Features are extracted using pre-trained and fine-tuned (for emotion recognition) models: BERT for text, Wav2Vec2 for audio, and Vision Transformers (ViT) for video, to extract the raw and emotion feautures, respectively. Additionally, the framework utilizes supervised contrastive learning to create discriminative embeddings, pushing the model to better differentiate between sarcastic and non-sarcastic instances.
The method constructs graphs for each modality (text, audio, video) with nodes representing d-dimensional feature vectors. Highly similar nodes are connected, emphasizing strong intra-modal relationships. Then, these graphs are processed through Graph Attention Networks (GAT) to learn dependencies within each modality, producing modality-specific embeddings that are fused through collaborative gating.
To capture emotional incongruities between modalities, the contrastive attention mechanism normalizes and aligns emotion features from each modality into a common embedding space. Then, it generates opponent attention weights to highlight discrepancies, which are used to create contrastive matrices that capture modality-specific emotional differences.

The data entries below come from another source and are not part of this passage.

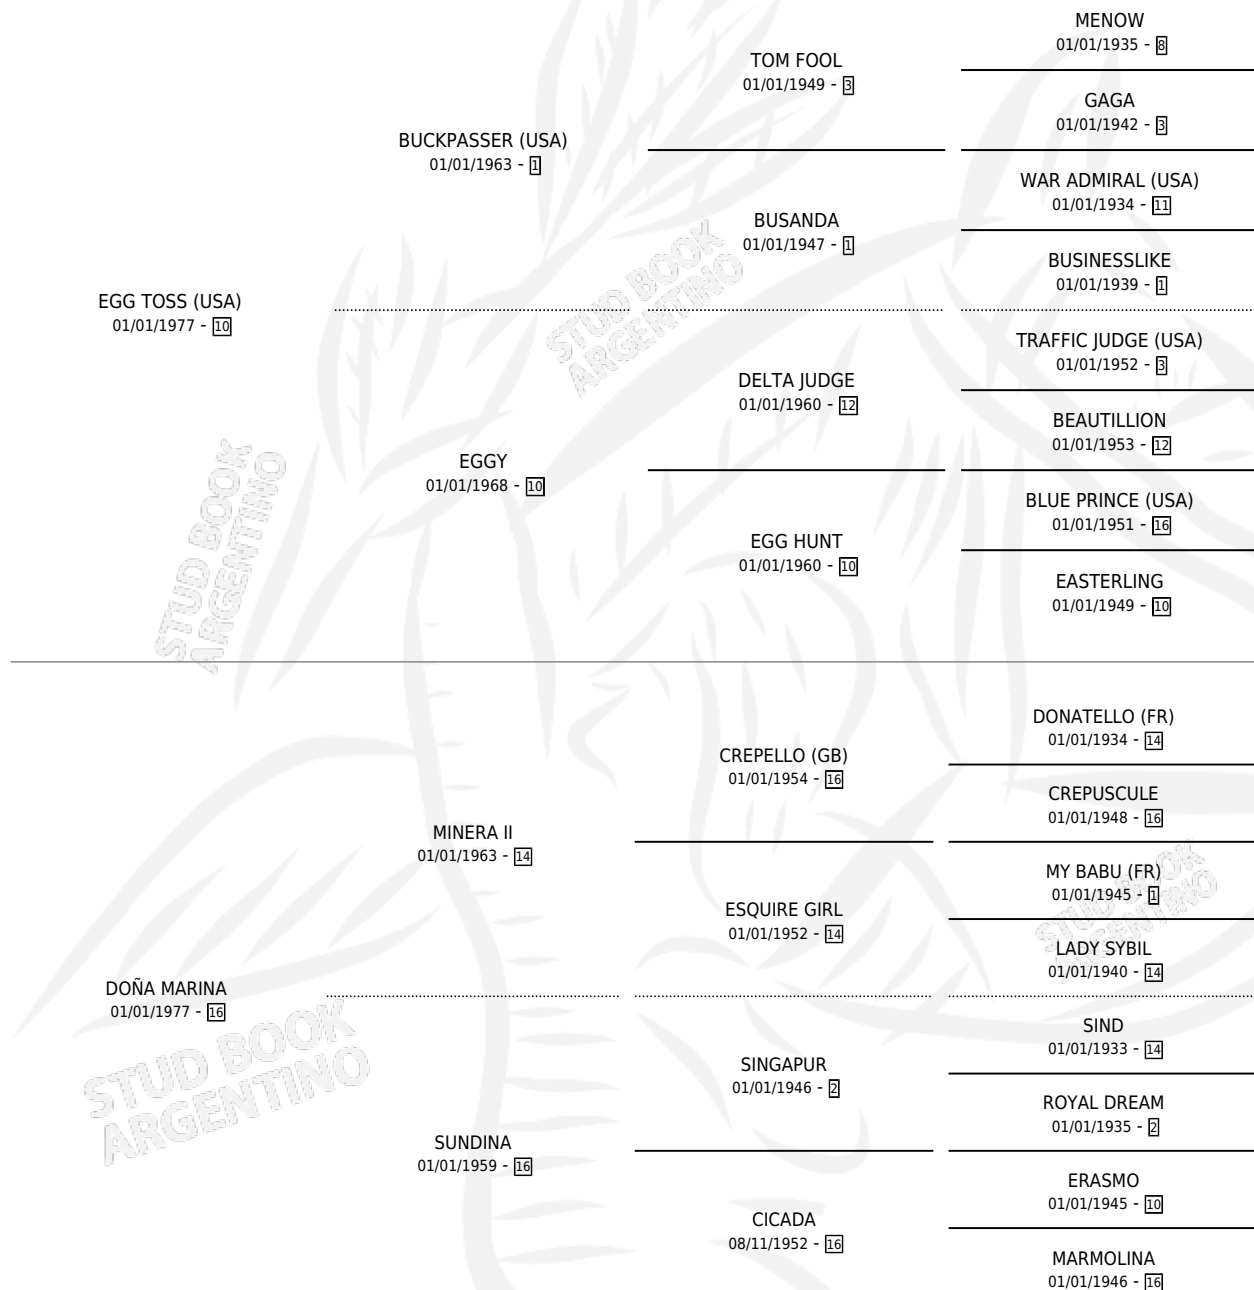

DOÑA BELI

por EGG TOSS (USA) y DOÑA MARINA por MINERA II

Argentina · Hembra · Zaino · SP · 25/08/1988
Familia 16-h · Volumen 33

ESTADO

TIPIFICACIÓN SANGUÍNEA	✓
TIPIFICACIÓN POR ADN	X
PASAPORTE	X
IDENTIFICACIÓN POR MICROCHIP	X
REPRODUCTOR	✓

Lugar de nacimiento: La Biznaga

Criador: Sin dato

~

HIJOS

	MACHOS	HEMBRAS
2 NACIERON	2	0
1 CORRIERON	1	0
1 GANARON	1	0
0 GANADORES CL	0 GANADORES GR	0 GANADORES G1

PEDIGREE

CAMPAÑA

Solo carreras oficiales de Argentina
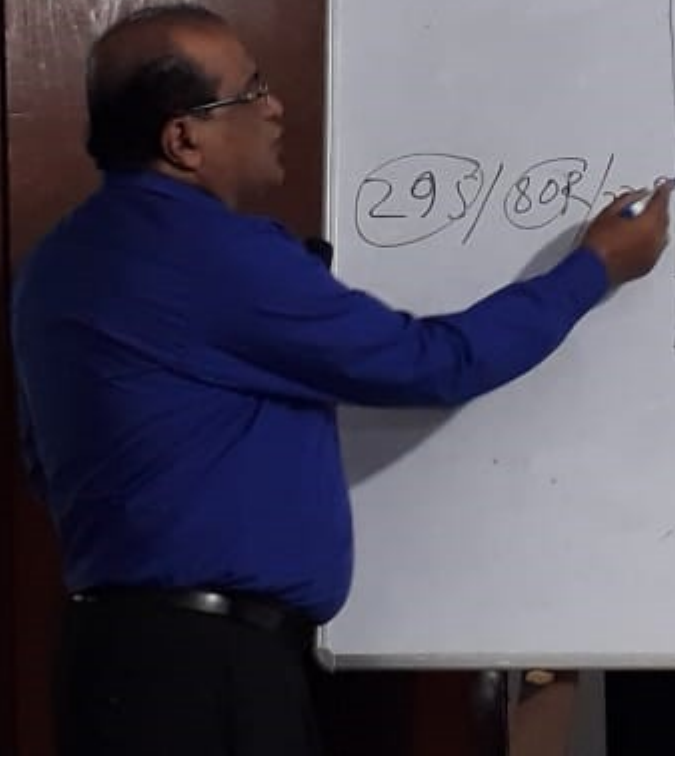

ature

(295/80R20)

900x20

1000x20

(195/55R) 16 87V

Finally, the embeddings from the previous steps are combined and refined using supervised contrastive learning. This encourages the model to differentiate between sarcastic and non-sarcastic instances, with a final classifier trained to predict the emotion based on the learned features.
The proposed framework demonstrates a significant performance improvement over existing methods, achieving a macro F1 score of 74.96% on the MUStARD++ dataset, outperforming prior state-of-the-art by 1.6%.